Der Flughafen Lübeck hat am 28. April 2026 den Linienbetrieb nach München offiziell wieder aufgenommen. Diese Verbindung markiert eine Zäsur für den regionalen Luftverkehr in Schleswig-Holstein, da sie erstmals über ein umfassendes Codeshare-Abkommen mit der Lufthansa-Gruppe realisiert wird.
Passagiere haben dadurch die Möglichkeit, Reisen von Lübeck aus unter Lufthansa-Flugnummern zu buchen und am Drehkreuz München nahtlos in das weltweite Streckennetz der Allianzpartner umzusteigen. Die Buchungsfreigabe für die Zubringerflüge erfolgt am 29. April, wobei der reguläre Flugbetrieb unter den neuen Konditionen ab dem 4. Mai 2026 aufgenommen wird.
Die operative Durchführung der Strecke übernimmt die dänische Fluggesellschaft DAT A/S, die hierfür ein Turboprop-Flugzeug vom Typ ATR 72-600 einsetzt. Mit einer Kapazität von 70 Sitzplätzen ist die Maschine speziell auf die Anforderungen des Regionalverkehrs zugeschnitten. Durch die Kooperation mit Lufthansa, Discover, Air Dolomiti, Austrian Airlines und Swiss werden Ziele wie Johannesburg, Seoul, Montreal oder Singapur über München direkt erreichbar. Diese Integration in ein globales Hub-System soll die Attraktivität des Standorts Lübeck für Geschäftsreisende und internationale Touristen gleichermaßen steigern und die wirtschaftliche Verflechtung zwischen Nord- und Süddeutschland festigen.

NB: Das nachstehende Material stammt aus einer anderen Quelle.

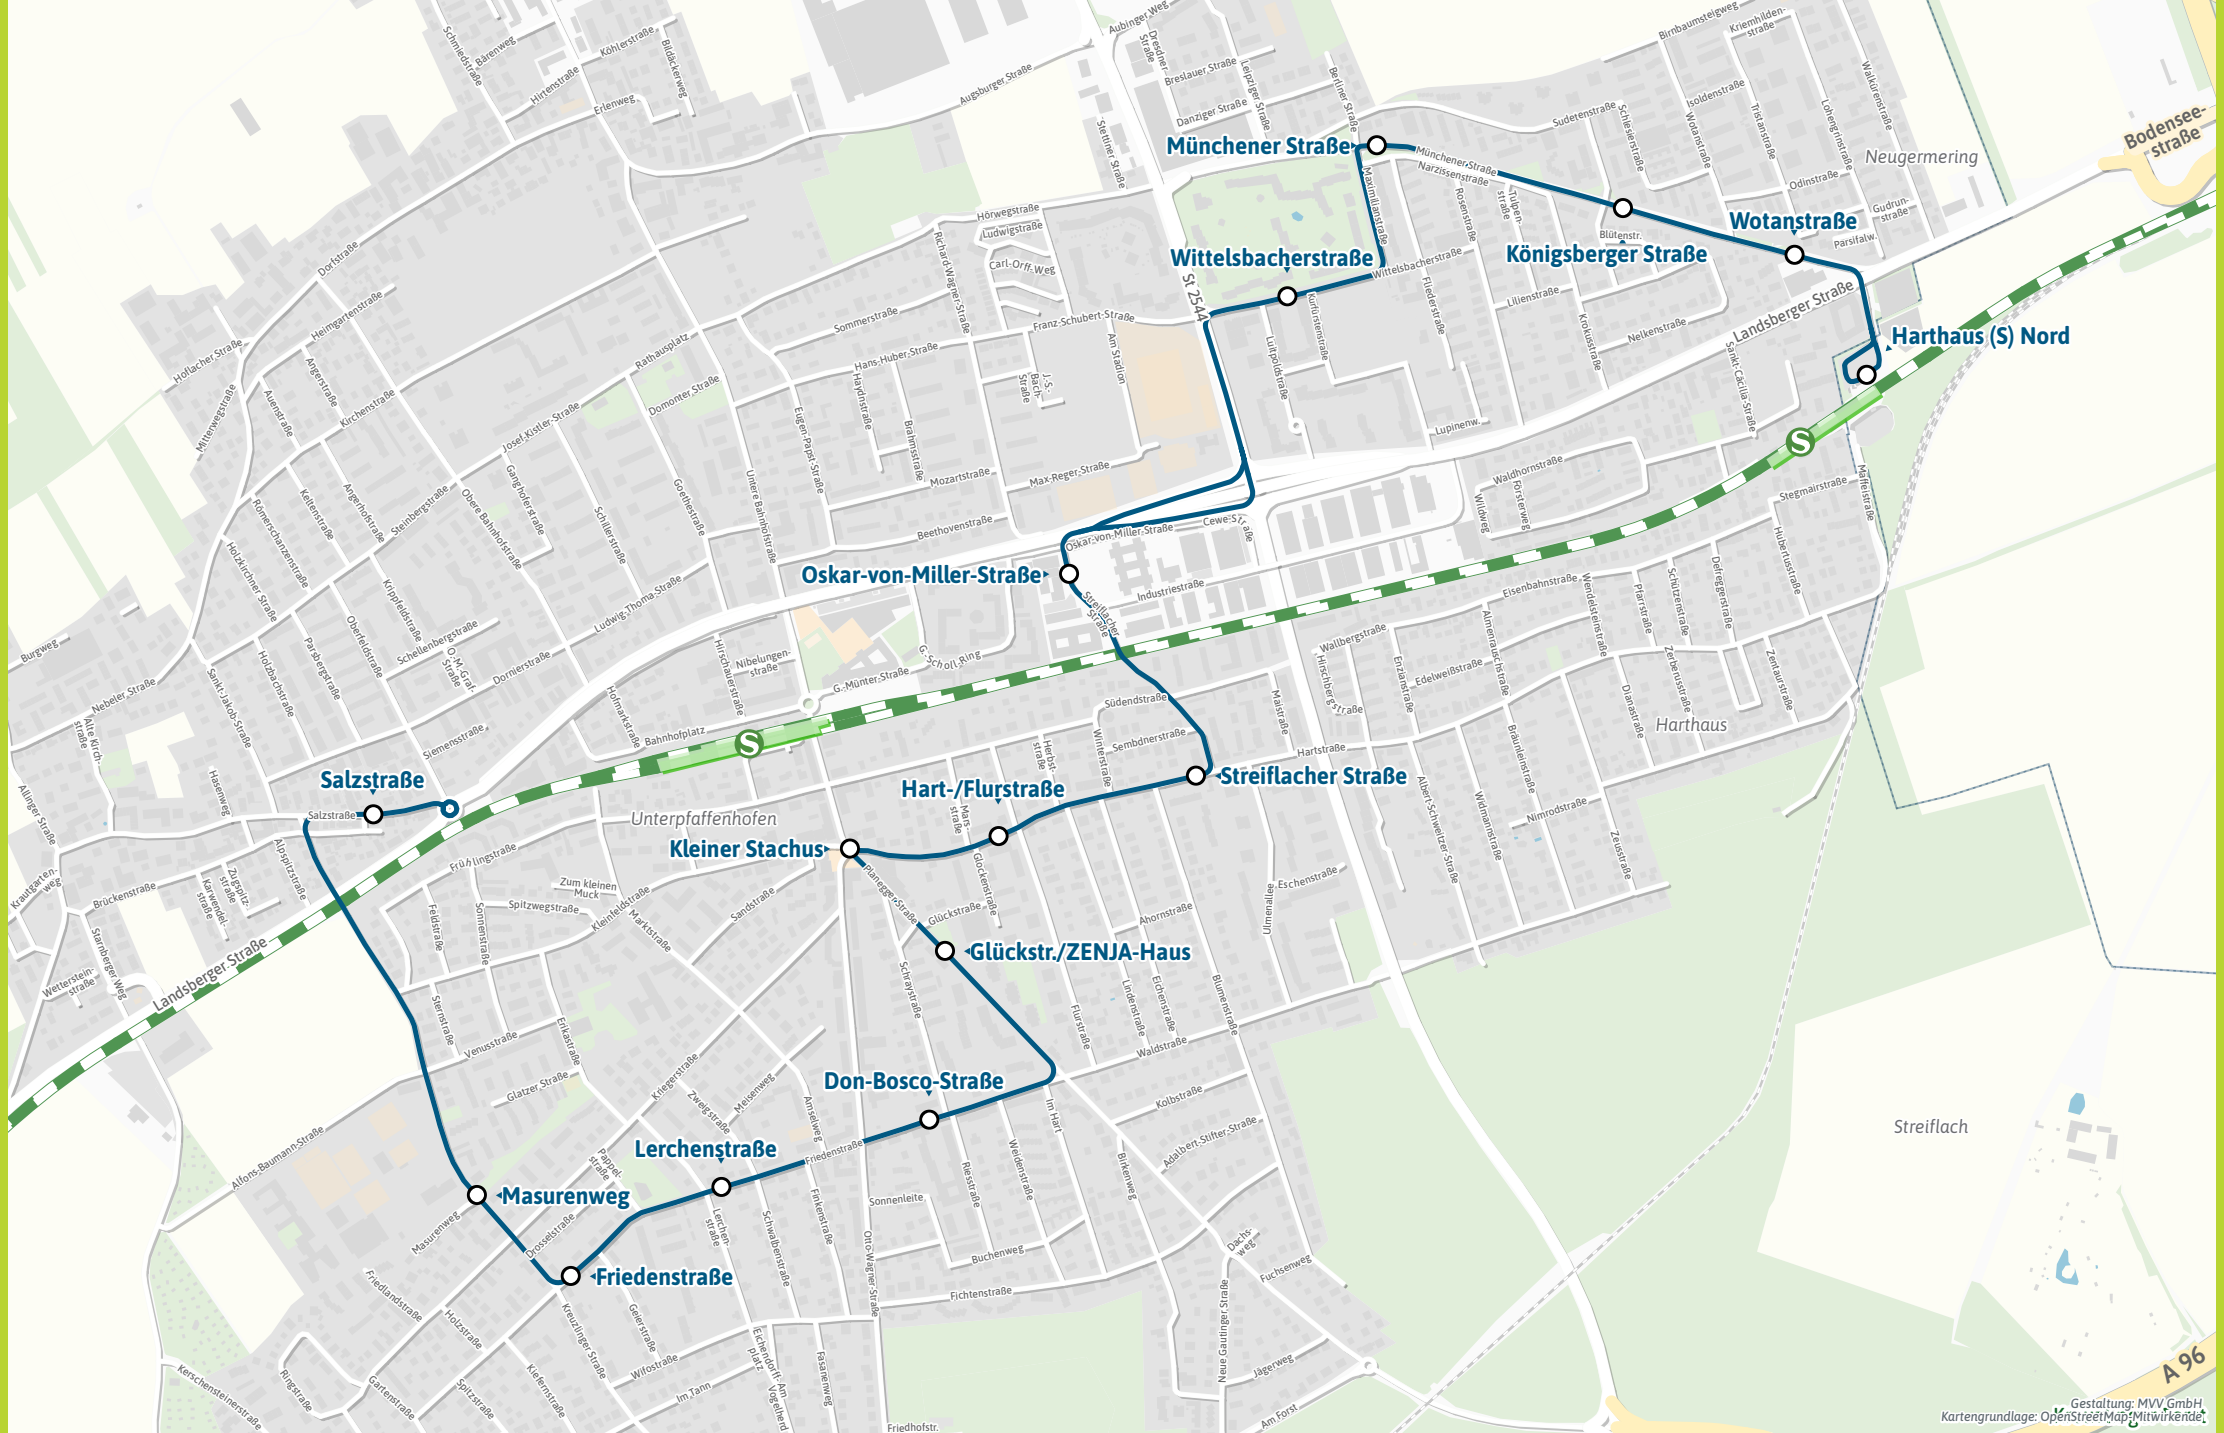

**Weitere Linien an den Haltestellen der Linie 851**

- Germering, Salzstraße ▶ 157 852 856 | 8500
- - Masurenweg ▶ 157 856 | 8500
- Germering, Friedenstraße ▶ 8500
- - Lerchenstraße ▶ 8500
- - Don-Bosco-Straße ▶ 8500
- Germering, Glückstr./ZENJA ▶ 260 | 8500
- - Kleiner Stachus ▶ 260 858 859 | 8500
- Germering, Hart-/Flurstraße ▶ 852 859 | 8500
- - Streiflacher Straße ▶ 852 859 | 8500
- Germering, Oskar-v.-Miller-Str. ▶ 157 | 8500
- - Wittelsbacherstraße ▶ 852 N80 N81 | 8500
- - Münchener Straße ▶ 157 852 858 860 N80 N81 | 8500
- - Königsberger Straße ▶ 157 852 858 860 N80 N81 | 8500
- - Wotanstraße ▶ 157 860 N80 N81 | 8500
- - Harthaus Nord ▶ 8500

**Bestens informiert mit der MVV-App.**  
 Fahrplan in Echtzeit, HandyTicket und aktuelle Meldungen. Alles in einer App.  
[muv-muenchen.de/app](https://muv-muenchen.de/app)

Herausgeber Minifahrplan:  
 Münchner Verkehrs- und Tarifverbund GmbH (MVV)  
 im Auftrag der Verbundlandkreise und -städte im MVV  
 Fahrplanstand | 15. Dezember 2024

**Minifahrplan 2025** **BUS 851**

**Germering, Salzstraße** ▶  
**Germering, Kleiner Stachus** ▶  
**Harthaus Nord**

[muv-auskunft.de](https://muv-auskunft.de)  
 Fahrplan in Echtzeit

**Streckenverlauf**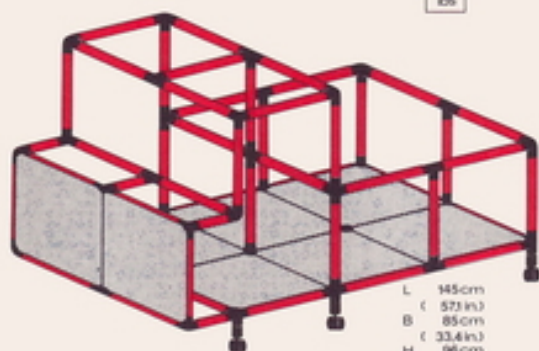

1

2 x Quadro START

6+

"Farmhouse"

Achtung, Attention!

Platten auf dieser Seite verschrauben
lock the panels on this side
fixer les panneaux sur cette côté

L 195 cm
(76.7in.)
B 175 cm
(68.9in.)
H 147 cm
(57.9in.)

"Turbo Truck"

2 x Quadro START

3+

L 145 cm
(57.1in.)
B 85 cm
(33.4in.)
H 96 cm
(37.8in.)

2 x Quadro START 3+

"Greyhound" Bus

50 kg
110 lbs

L 185 cm
(72.8 in.)
B 85 cm
(33.4 in.)
H 96 cm
(37.8 in.)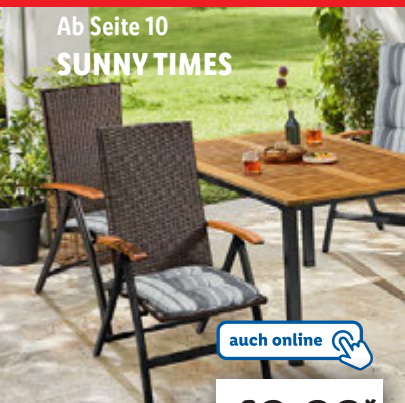

-50%

2.79

1.39*

Lorenz Crunchips XXL

Versch. Sorten. Je 250 g 1 kg = 5.56

Alle Produkte ab Seite 6

ab Di., 2.5.

Ab Seite 10 SUNNY TIMES

auch online

z.B. Geflecht-Klappsessel

49.99*

ab Do., 4.5.

Ab Seite 22 WIR SIND DANN MAL RAUS!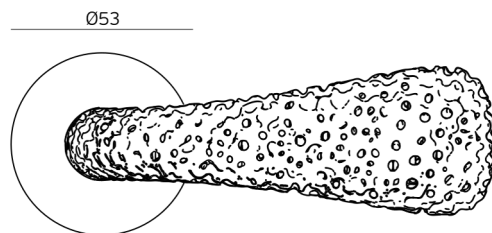

# SY.00.001

CORAL SYNTH  
Collection

ET:3742/2024

Documento confidencial / Confidential document / Documento confidencial @ JNF 2024 [www.jnf.pt](http://www.jnf.pt)

Descrição / Description / Descripción

Puxador de porta / Lever handle / Manilla de puerta

### Entalhe / Cutout / Taladro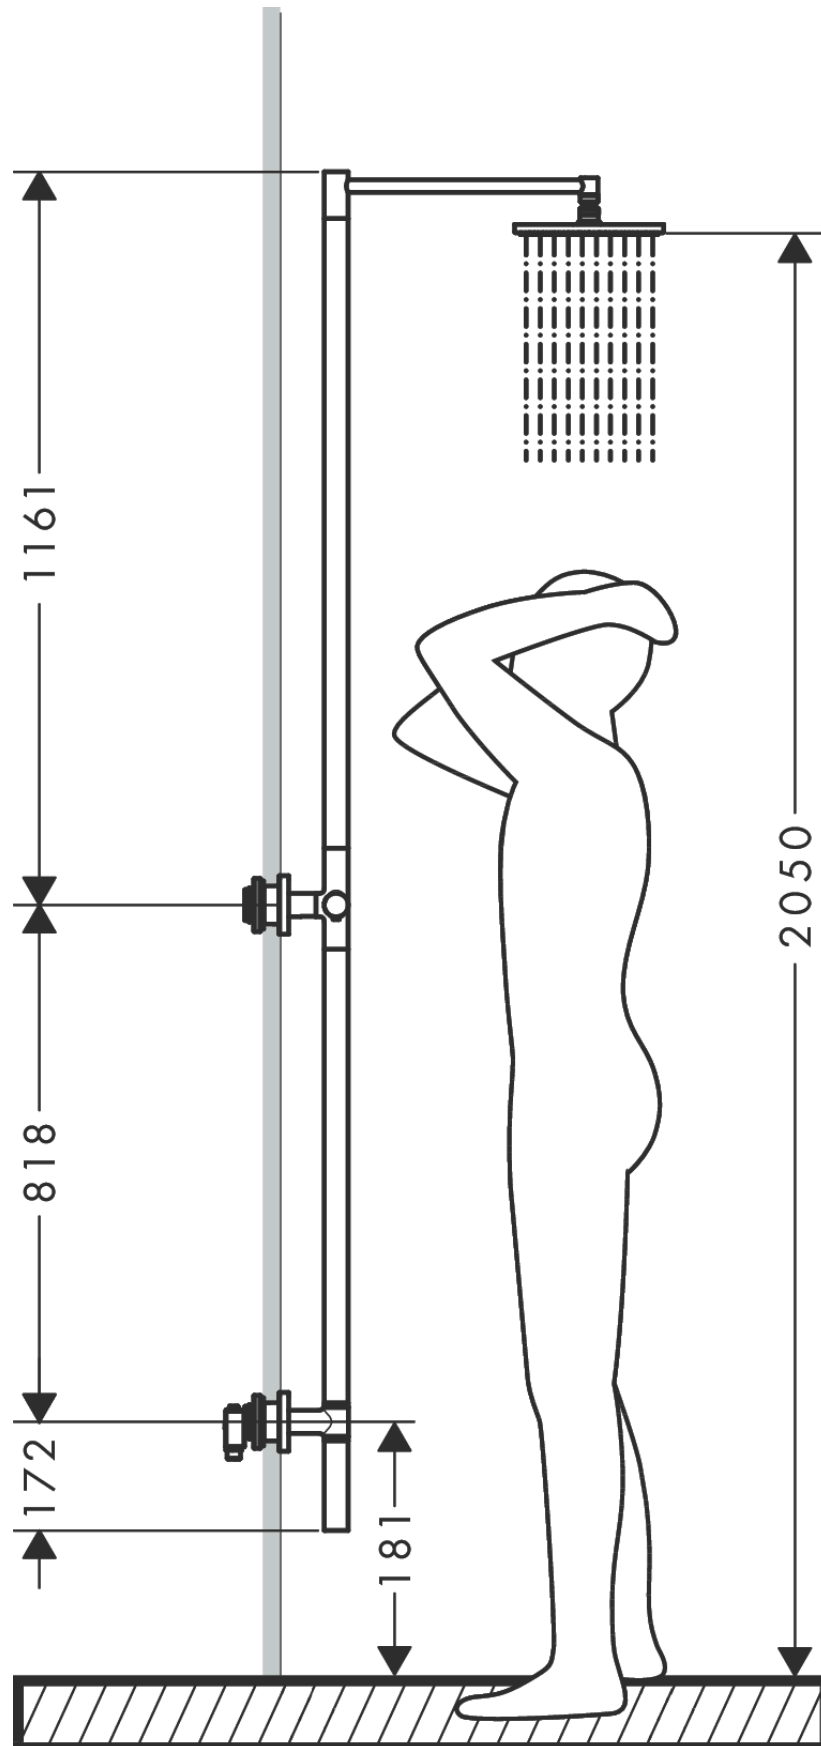

AXOR Starck

Nature Duschsäule mit Kopfbrause 240 1jet ohne Handbrause

Oberfläche: **Polished Black Chrome** Artikelnummer: **12671330**

Durchflussdiagramm

AXOR Starck
Nature Duschsäule mit Kopfbrause 240 1jet ohne Handbrause
 Oberfläche: **Polished Black Chrome** Artikelnummer: **12671330**

Einbaubeispiel

AXOR Starck

Nature Duschsäule mit Kopfbrause 240 1jet ohne Handbrause

Oberfläche: **Polished Black Chrome** Artikelnummer: **12671330**

Explosionszeichnung

Baujahr: >10/22

AXOR Starck

Nature Duschsäule mit Kopfbrause 240 1jet ohne Handbrause

Oberfläche: **Polished Black Chrome** Artikelnummer: **12671330**

Ersatzteilliste

Baujahr: >10/22

Pos.	Beschreibung	Artikelnummer	Preis	VE
1	O-Ring 30x2	98186000	3.25 CHF	1
2	O-Ring 10x2	98170000	3.25 CHF	1
3	O-Ring 30x1,5	98433000	3.25 CHF	1
4	Kopfbrause Ø 240 mm	94830330	314.55 CHF	1
5	Dichtung	98058000	3.25 CHF	1
6	Sieb	92672000	5.40 CHF	1
7	Durchflussbegrenzer	93071000	8.65 CHF	1
8	Kugelgelenk	98941330	55.40 CHF	1
9	Sicherungsring	98942330	28.20 CHF	1
10	Gleitring	97536000	5.40 CHF	1
11	Dichtung	97606000	5.40 CHF	1
12	Schraube	95796000	28.95 CHF	1
13	O-Ring 7x2	98419000	3.25 CHF	1
14	Griff	94817330	154.60 CHF	1
15	Anschlagscheibe	95840000	18.80 CHF	1
16	Mutter	98913000	18.80 CHF	1
17	O-Ring 26x1,5	98390000	3.25 CHF	1
18	Kartusche kpl.	98303000	72.55 CHF	1
19	Absperreinheit inkl. Umsteller	98283000	72.55 CHF	1
20	Griff	94814330	154.60 CHF	1
21	Verlängerung	13608000	-	1
22	O-Ring 28x2	98194000	3.25 CHF	1
23	Mutter	94815000	58.70 CHF	1
24	Montageschlüssel	97563000	8.65 CHF	1
25	Serviceeinheit	94813000	58.70 CHF	1
26	O-Ring 17x1,5	98137000	3.25 CHF	1
27	Rückflussverhinderer (druckbeständig bis 2 MPa)	92594000	14.25 CHF	1
28	Siebdichtung	95291000	11.90 CHF	1
29	O-Ring 11x2	98127000	3.25 CHF	1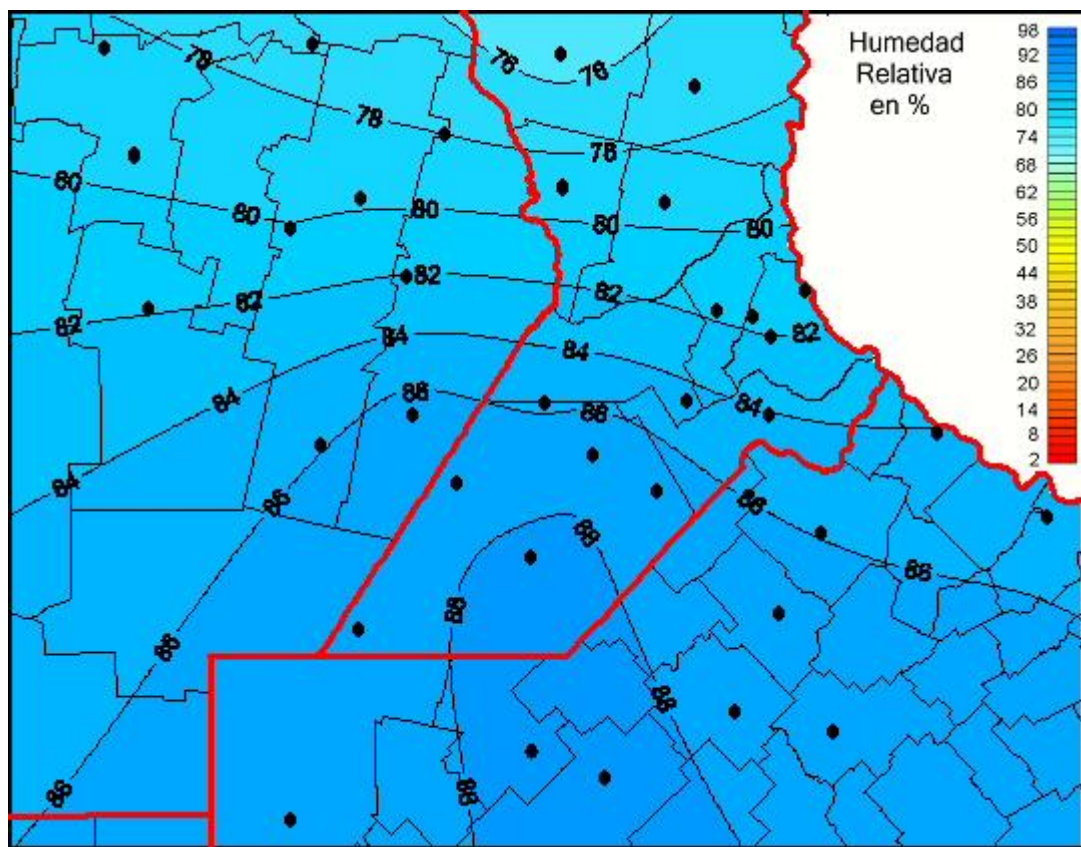

Humedad Relativa

Mapa de humedad relativa de las las últimas 72 horas.
(Desde las 8:00AM hasta las 8:00AM). Se actualiza a las 10:00hs.

Hinter der strategischen Neuausrichtung steht der neue Geschäftsführer Klaus Marx, der zuvor bei der skyhub PAD GmbH tätig war. Marx bringt Expertise in der Etablierung regionaler Flugmodelle mit, die auf eine unternehmerische Absicherung von Linienverbindungen setzen. Sein Fokus liegt auf der Entwicklung tragfähiger Partnerschaften, um die Auslastung der Infrastruktur in Lübeck zu optimieren. Neben der neuen München-Route bietet der Flughafen weiterhin touristische Verbindungen durch Partner wie Ryanair an, die Destinationen wie London, Mallorca und Malaga bedienen. Das Portfolio wird zudem durch spezialisierte Gruppenreisen in Regionen wie Apulien, Jersey oder Lappland ergänzt.
Wirtschaftlich betrachtet ist die Wiederaufnahme der Verbindung ein entscheidender Faktor für die Standortstärkung der Region Lübeck. Die Anbindung an München ermöglicht es lokalen Unternehmen, globale Märkte effizienter zu erreichen, ohne auf die größeren Flughäfen Hamburg oder Berlin ausweichen zu müssen. Branchenexperten sehen in dem Codeshare-Modell ein zukunftsweisendes Beispiel für Regionalflughäfen, um trotz des intensiven Wettbewerbs im Luftverkehr eine hochwertige Netzanbindung zu sichern. Die Erweiterung des Angebots um Fernziele wie China und Usbekistan via München unterstreicht die gewachsene Bedeutung des Lübecker Flughafens im interkontinentalen Reiseverkehr.